• _Exercise_:
Repeat each record below exactly, dropping the pictures.

• _Data for this task_:
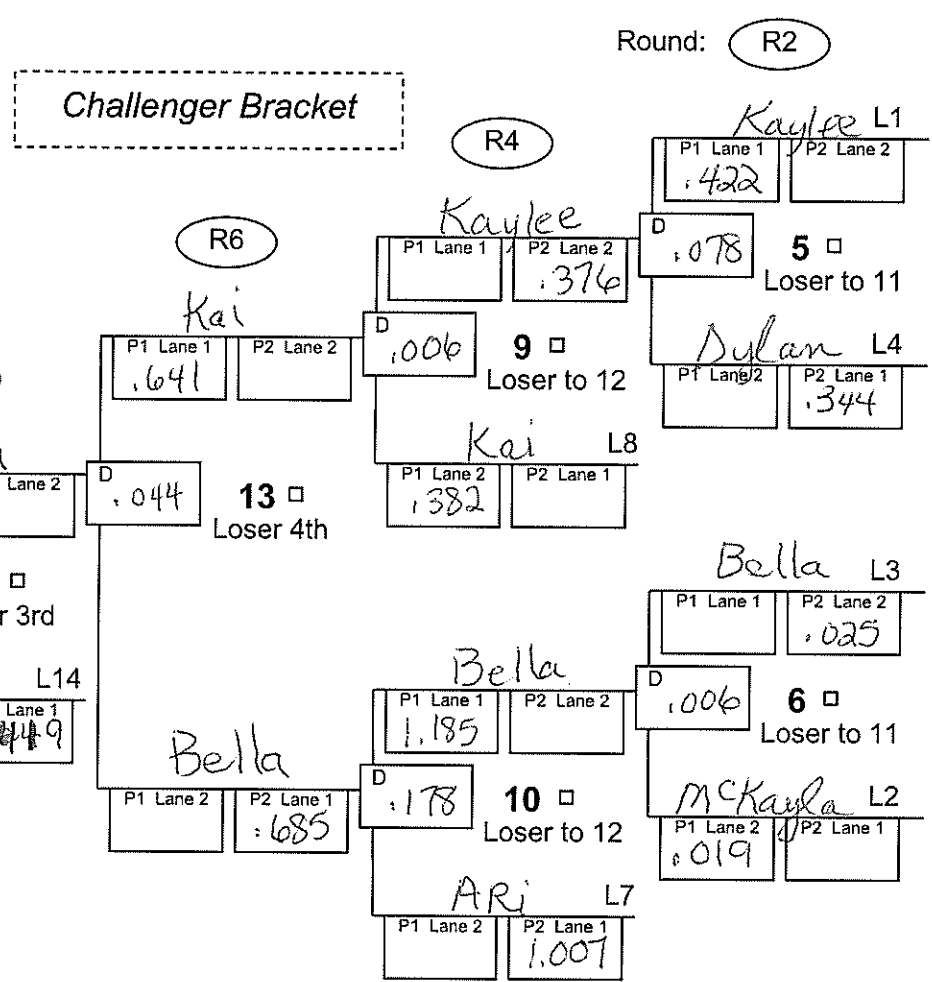

Original

Super

# AASBD 8 Racer Double Elimination Heat Chart - Enhanced

Division: Super Date: 10/01/2022

Race City: Camano

Heat chart for 5 through 8 racers.  
Double elimination, wheel and lane swap.

D = Differential between P1 and P2 times  
L = Loser  
P1 = Phase 1 time  
P2 = Phase 2 time  
R1 = Round 1, round 2, etc.  
W = Winner

Note:  
Winner of Heat 14 takes warm up run behind Phase 1 and Phase 2 of Heat 15

Runoff required if W of 15 wins Heat 16

- Places**
- 1st (W16 or 17) Avery
  - 2nd (L16 or 17) Bella
  - 3rd (L15) Nick
  - 4th (L13) Kai
  - 5th (W12) Ari
  - 6th (L12) Kaylee
  - 7th (W11) McKayla
  - 8th (L11) Dylan

• _Your solution_:
Original

Super

# AASBD 8 Racer Double Elimination Heat Chart - Enhanced

Division: Super Date: 10/01/2022

Race City: Camano

Heat chart for 5 through 8 racers.  
Double elimination, wheel and lane swap.

D = Differential between P1 and P2 times  
L = Loser  
P1 = Phase 1 time  
P2 = Phase 2 time  
R1 = Round 1, round 2, etc.  
W = Winner

Note:  
Winner of Heat 14 takes warm up run behind Phase 1 and Phase 2 of Heat 15

Runoff required if W of 15 wins Heat 16

- Places**
- 1st (W16 or 17) Avery
  - 2nd (L16 or 17) Bella
  - 3rd (L15) Nick
  - 4th (L13) Kai
  - 5th (W12) Ari
  - 6th (L12) Kaylee
  - 7th (W11) McKayla
  - 8th (L11) Dylan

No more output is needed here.